To scale beyond the limits of a single node, distributors shard incoming series across a pool of partitions or ingesters. The details of how sharding, replication, and ingestion work differ between the ingest storage and classic architectures. For more information, refer to:

Supported protocols

The distributor supports the following metrics ingestion protocols:

Prometheus remote write v1
Prometheus remote write v2
OpenTelemetry Protocol (OTLP)
Influx

Validation

The distributor cleans and validates incoming data before ingesting it into Mimir.

A single request can include both valid and invalid metrics, samples, metadata, or exemplars. The distributor ingests only the valid data and rejects any invalid entries.

If invalid data is detected:

When using Prometheus remote write or Influx, the distributor returns an HTTP 400 status code.
When using OTLP, it returns an HTTP 200 status code, following the OTLP specification for partial ingestion.

In both cases, the response body contains details about the first invalid item encountered.

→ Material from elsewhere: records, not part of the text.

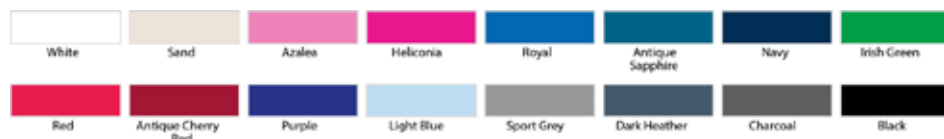

## BESCHIKBARE KLEUREN

## PRIJS PER POSITIE (ZEEFDruk RECHTSTREEKS)

	25	50	100	250	500
1 KLEUR	2,60	1,30	0,85	0,60	0,50
2 KLEUREN	4,40	2,30	1,45	1,00	0,80

INCLUSIEF INSTELKOSTEN, EXCLUSIEF BTW. PRIJS IS PER POSITIE. OP (DONKER) GEKLEURDE ONDERGROND 1 EXTRA DRUKKLEUR REKENEN.
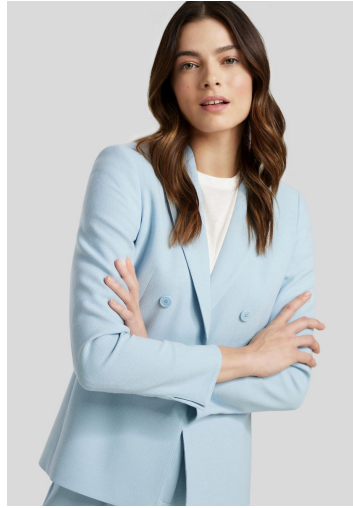

Hamburg +49 40 413 236 - 0 Berlin +49 30 616 606 - 6
www.m4models.de

MANON

GRÖSSE **178** OBERWEITE **86**
TAILLE **64** HÜFTE **91**
SCHUHE **41** HAARE **BRAUN**
AUGEN **GRÜN**

HEIGHT **5' 10"** BUST **34"**
WAIST **25"** HIPS **36"**
SHOES **9.5** HAIR **BROWN**
EYES **GREEN**
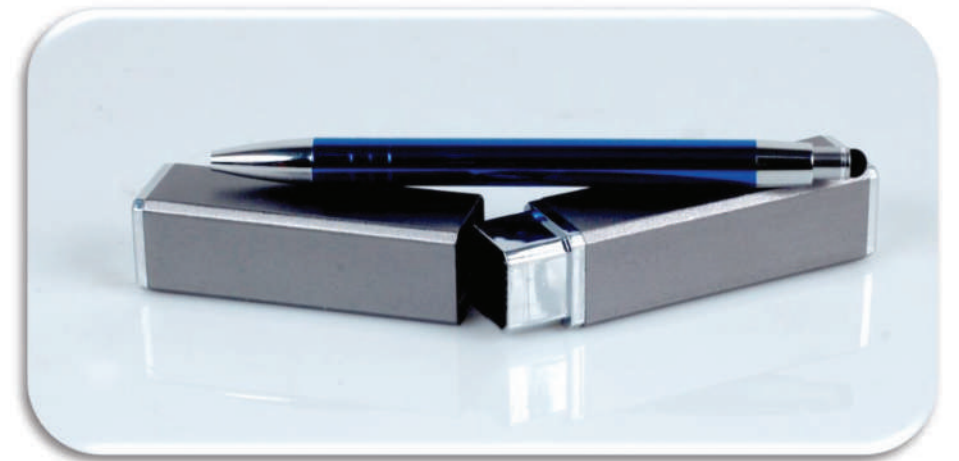

**Etui boîte stylo plexi
transparent**
Ref: **D2862-008**

ITEM NO:D2862/008
SIZE:2.5*25*15.5
QTY/CTN:500
CBM:0.04

Etui pour stylo en métal
Ref: **BZ2250**

STYLO COMPTOIRE

STYLO COMPTOIR SERINGUE VACCIN
RÉF: BY21534-003
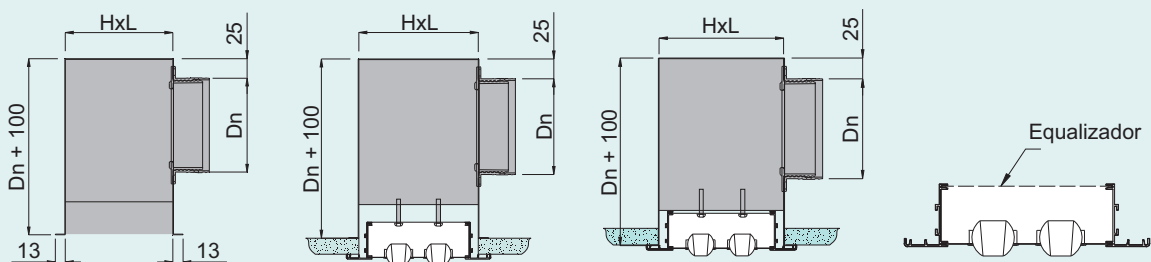

CARACTERISTICAS

Las multimicrotoberas **APM15J** están destinadas para su instalación en conducto rectangular.

Están compuestas por una serie de microtoberas regulables individualmente, proporcionando una gran versatilidad, según el tipo de entorno en el que se instale.

ACABADOS

Las multimicrotoberas **APM15J** están fabricadas en placa de acero, con perfiles de aluminio y microtoberas de nylon.
Acabado en **RAL 9010**.

ACCESORIOS:

Opción de incorporar plenum con placa equalizadora y compuerta de regulación.

INSTALACIÓN:

Montaje en conducto mediante fijación frontal con tornillo.

Dimensiones plenum. N° Bocas / Dn diámetro nominal														
Altura H	Longitud "L" del difusor													
	250	300	400	500	600	700	800	900	1000	1100	1200	1300	1400	1500
100	125	125	125	125	125	125	125	125	125					
150		125	125	125	125	160	160	160	200					
200		125	125	160	160	200	200	200	200	250				
250			160	160	200	200	250	250	250	250	250	2x250		
300				200	200	250	250	250	2x250	2x250	2x250	2x250		
350						250	250	2x250	2x250	2x250	2x250	2x250	2x250	2x250
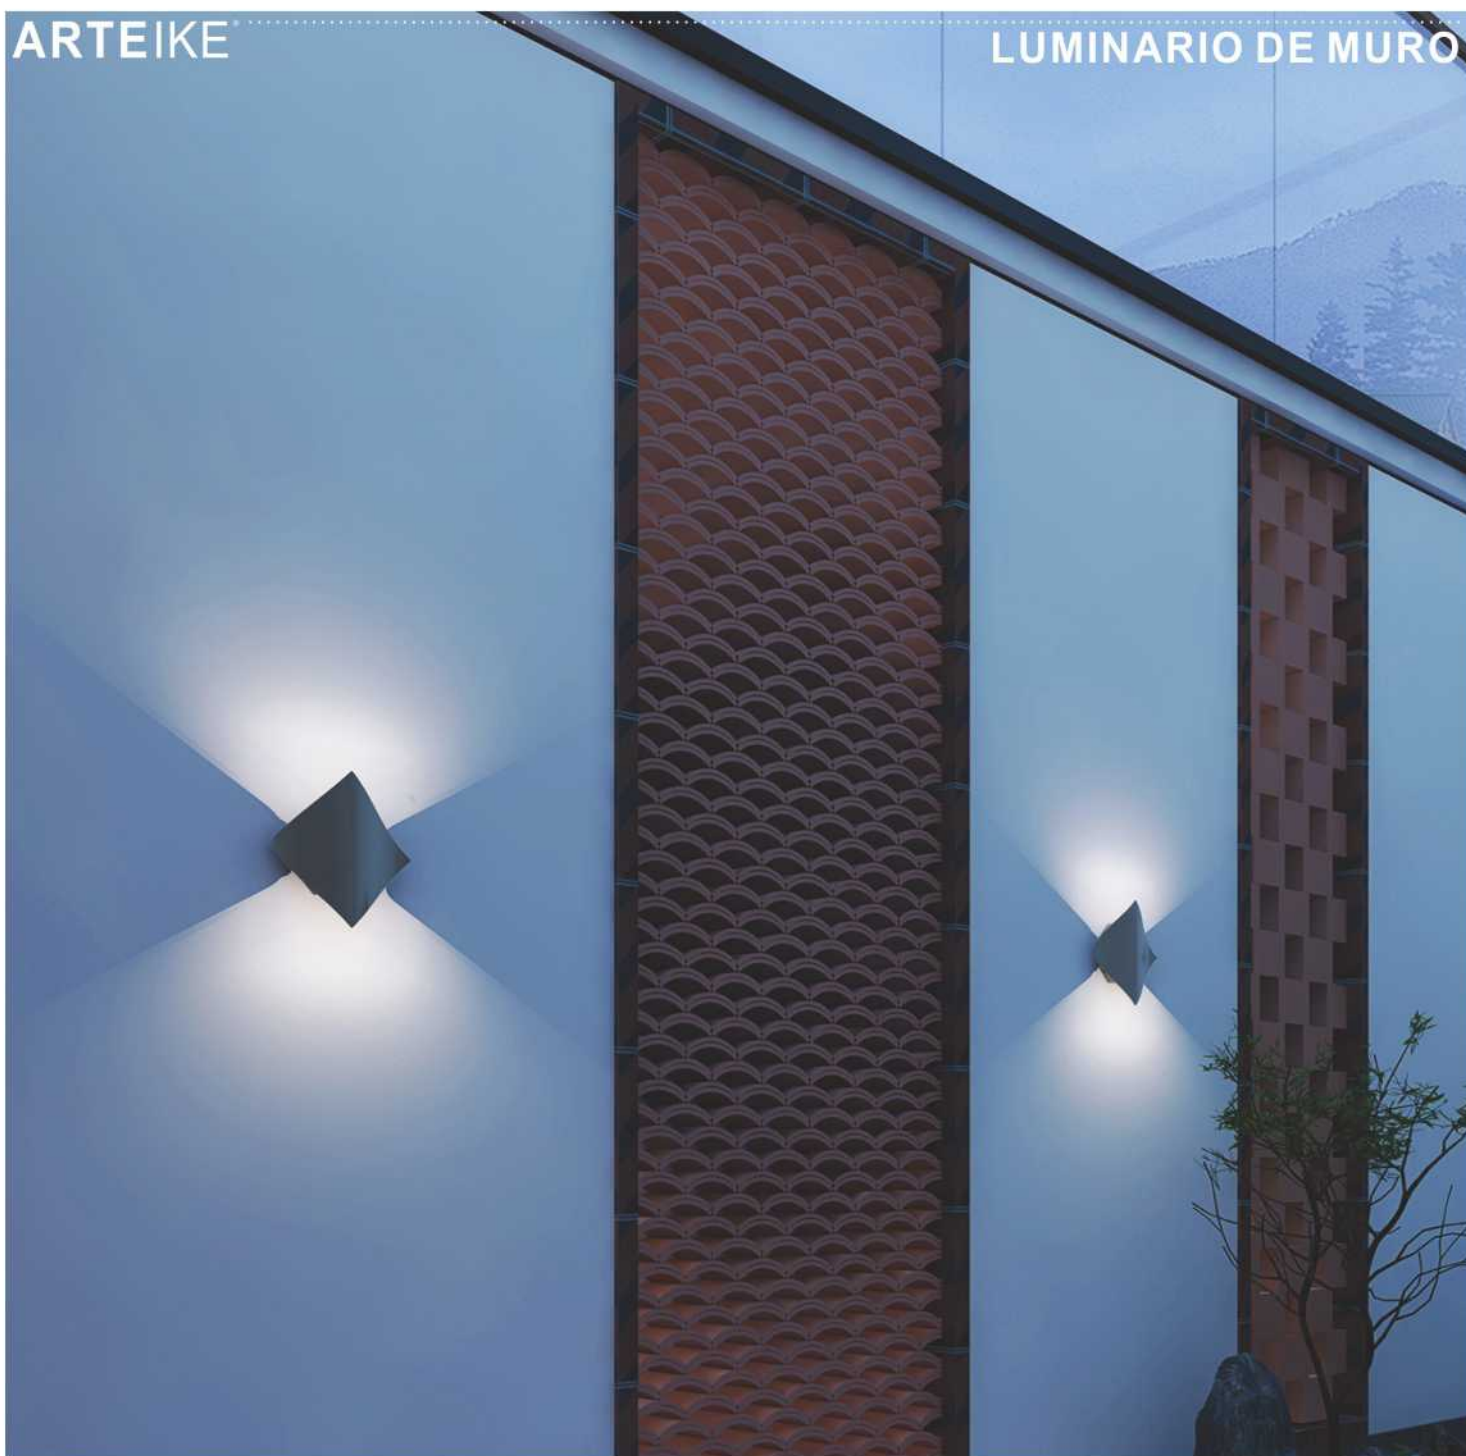

ARTEIKE

LUMINARIO DE MURO

The returned error is typically logged by the agent sending metrics to Mimir, such as Prometheus, Grafana Alloy, or the OpenTelemetry Collector.

The distributor data cleanup includes the following transformation:

The metric metadata help is truncated to fit in the length defined via the -validation.max-metadata-length flag.

The distributor validation includes the following checks:

The metric metadata and labels conform to the Prometheus exposition format.
The metric metadata (name and unit) are not longer than what is defined via the -validation.max-metadata-length flag.
The number of labels of each metric is not higher than -validation.max-label-names-per-series.
Each metric label name is not longer than -validation.max-length-label-name.
Each metric label value is not longer than -validation.max-length-label-value.
Each sample timestamp is not newer than -validation.create-grace-period.
Each exemplar has a timestamp and at least one non-empty label name and value pair.
Each exemplar has no more than 128 labels.

Note
For each tenant, you can override the validation checks by modifying the overrides section of the runtime configuration.

Rate limiting

The distributor includes two different types of rate limiters that apply to each tenant.

Request rate
The maximum number of requests per second that can be served across Grafana Mimir cluster for each tenant.
Ingestion rate
The maximum samples per second that can be ingested across Grafana Mimir cluster for each tenant.

If any of these rates is exceeded, the distributor drops the request and returns an HTTP 429 response code.

Internally, these limits are implemented using a per-distributor local rate limiter. The local rate limiter for each distributor is configured with a limit of limit / N, where N is the number of healthy distributor replicas. The distributor automatically adjusts the request and ingestion rate limits if the number of distributor replicas change.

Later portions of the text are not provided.